Tiark Rompf graduated EPFL in the Scala team, where he developed the Lightweight Modular Staging framework (LMS), which compiles domain-specific programs to efficient and parallel code for GPUs, multi-threaded CPUs and clusters. Currently Tiark is a professor at Purdue University and he just got the best paper award in the most prestigious conference in databases, VLDB, for a paper applying the Lightweight Modular Staging technique for databases queries. Tiark will be discussing LMS.
Vlad Ureche is a PhD student in the Scala Lab at EPFL, where he's working on optimizing high-level patterns in the Scala programming language down to fast JVM bytecode. His main project, miniboxing (scala-miniboxing.org), is aimed at compiling generic classes down to very efficient bytecode. Vlad also contributed to the Scala compiler in the areas of specialization, the JVM backend and on the scaladoc tool, where you may have seen the diagrams and the implicit member listings he developed.
Vlad's talk is titled Miniboxing: JVM Generics without the overhead.
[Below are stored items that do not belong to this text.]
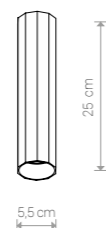

CAMELEON POLY L
8472 WH

CAMELEON POLY M
8473 BL

CAMELEON POLY M

painted aluminum / aluminium lakierowane /
лакированный алюминий

8474 ○ WH 8473 ● BL

works with / zastosuj z / применять с

Ⓛ 1× CAMELEON CABLE GU10

CAMELEON POLY L

painted aluminum / aluminium lakierowane /
лакированный алюминий

8472 ○ WH 8471 ● BL

works with / zastosuj z / применять с

Ⓛ 1× CAMELEON CABLE GU10

CAMELEON TULUM
8467 CN

CAMELEON TULUM
8426 CN

The following abstract provides an overview of this talk:
Generics are now a must-have in any statically typed programming language. Yet, there is a strong tension between the uniform interface exposed to programmers and the low level implementation, which has to deal with data of different sizes and semantics: booleans, integers, floating-point numbers and heap objects. Different languages have taken in very different paths to implementing generics, each with its own advantages and drawbacks. In Java and other JVM languages the standard is boxing primitive values, meaning that heap objects are used to carry primitive values. This leads to significant slowdowns and increased heap consumption, especially when using generic collections for primitive types.
Scala proposes specialization as an alternative to boxing: the compiler can duplicate and adapt user code for each primitive type, thus using unboxed data. Specialization has been shown to reliably speed up code and is extensively used in established community libraries, such as spire (non/spire) and breeze (scalanlp.org). But statically duplicating code can result in significant jar sizes and long compilation times. For example, specializing a 3-element tuple, which takes three type parameters, yields 1000 almost-identical classes.
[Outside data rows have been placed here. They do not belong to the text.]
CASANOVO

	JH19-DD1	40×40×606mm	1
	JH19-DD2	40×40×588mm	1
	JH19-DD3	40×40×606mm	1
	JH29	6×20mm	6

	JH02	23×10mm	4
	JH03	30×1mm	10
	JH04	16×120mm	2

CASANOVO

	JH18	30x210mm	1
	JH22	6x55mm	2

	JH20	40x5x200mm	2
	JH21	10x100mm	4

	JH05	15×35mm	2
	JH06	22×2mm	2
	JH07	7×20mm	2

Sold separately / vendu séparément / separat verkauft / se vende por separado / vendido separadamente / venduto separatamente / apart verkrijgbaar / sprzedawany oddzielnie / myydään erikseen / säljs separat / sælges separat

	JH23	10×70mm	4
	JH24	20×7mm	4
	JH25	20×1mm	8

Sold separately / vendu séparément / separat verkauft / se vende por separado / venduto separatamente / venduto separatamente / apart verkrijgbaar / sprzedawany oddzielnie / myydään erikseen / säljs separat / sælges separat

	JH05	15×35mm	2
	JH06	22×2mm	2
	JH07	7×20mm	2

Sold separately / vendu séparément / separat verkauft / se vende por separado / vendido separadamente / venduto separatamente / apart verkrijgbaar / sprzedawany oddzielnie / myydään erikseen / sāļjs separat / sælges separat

In the miniboxing project we set out to reduce the static bytecode size while maintaining optimality: we build on the idea of tagged union, thus offering a single variant of the code for all primitive value types. This means the 3-element tuple can now be specialized with just 8 classes. But matching the performance of specialization was a long and convoluted journey. In this presentation I will explain the basics of miniboxing and show what we had to do to match the speed of specialized code.
The project's website, scala-miniboxing.org, contains all you need to get started: the miniboxing compiler plugin, documentation, usage examples and benchmarks.